Why Malcolm Gladwell Matters and Why That's Unfortunate - jamesbritt
http://blog.chabris.com/2013/10/why-malcolm-gladwell-matters-and-why.html
======
tuke
If you ask me . . . :-)

The rhetoric of Malcolm Gladwell's work represents that of the "new
historicism" in literary studies, which emerged in the 80s.

There is a common style to these works:

\-- They start with a startling and interesting anecdote, and, basically, tell
a story.

\-- They leverage finding from various articles.

\-- They use a lot of argumentative ju-jitsu. For example, when the author is
going to basically attempt a kind of whopper, they will admit that there are
some failing to the argument. The rhetorical tic for Greenblatt is to write:
"To be sure . . ." to make the reader feel that, yes, there are other
opinions, but I'm kind of right.
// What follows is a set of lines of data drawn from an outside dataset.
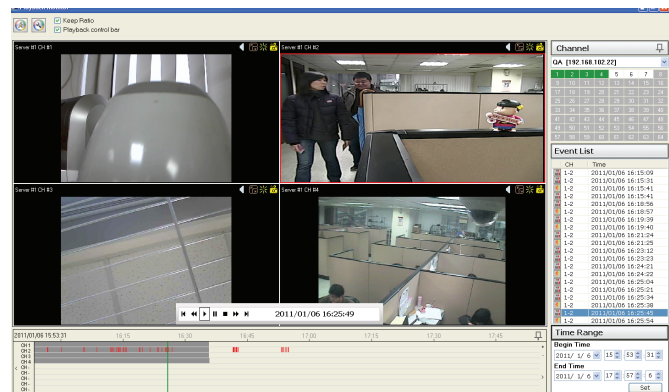

π-Vu SmartBackup -- Technical Specifications

NVR	
Add NVRs	Manual/Smart Search Pi-Vu Pro PC NVR/SVR Series NVRs
Max. Channels	256 (Max. 16 x NVRs)

Backup	
Storage	Multiple drives supported
Backup Method	Manual/Schedule
Options	Configurable bandwidth/FPS adjustment

Playback	
Export AVI	Export recorded files to AVI
Split Screen	1/4/9
Search Methods	Time/Date, Event (thumbnails)
Event Search	All/Time/Channel/Event Type/Event ID
Playback Controls	Play/Pause/Stop/Forward (Speed adjustable)/Reverse (Speed Adjustable)/Frame by Frame/Event By Event

Management	
Data	Delete/Auto Recycle/Backup/Export AVI
Operation	Max. 4 clients configuration/view
License	Configurable Channel License with USB Dongle

Triggers & Events	
Event Notifications	Email notification with pre-defined system events

Network	
Protocols	TCP/UDP/HTTP/FTP/SMTP/DHCP/DNS/ARP/ICMP/NTP/UPnP/RTP/RTSP/RTCP

Systems	
Min. Hardware Requirement	CPU: Intel Core 2 Duo or above RAM: Minimum 1GB or above is recommended HDD: 200GB or above Graphic Card: Independant graphic card with DirectX9.0c or higher Resolution: Min. 1440x900 Network: 100 Megabit Network Interface or above
Min. Software Requirement	Windows 2000(SP4), Windows XP SP2, Windows 2003, Windows Vista/7

General	
Package	CD/Manual/USB KeyPro
Languages	English/Trad. Chinese/Simp. Chinese/Japanese/Spanish

Then they go barreling ahead with a highly
contentious argument.

For Greenblatt and the literary historians who write about the past: Their
claims are rarely falsifiable. Sometimes other scholars will say that the new
historicists are "wrong," but it is not uncommon for the critics' basis for
their own claims to be equally frail.

If you asked Greenblatt, he might not claim that what is describing is "true,"
but, rather, "good to think with." For the past, maybe that's reasonable.

But:

Gladwell is almost always talking about the present, and making claims that
should be testable with a robust experiment. Very frequently, he will cite
incredibly thin research (as Chris Chabris notes).

I think this is the essential problem:

Gladwell's style is OK if you can't really test the hypothesis (new
historicism). But if you're talking about the here-and-now, you have to answer
to a higher standard of argumentation.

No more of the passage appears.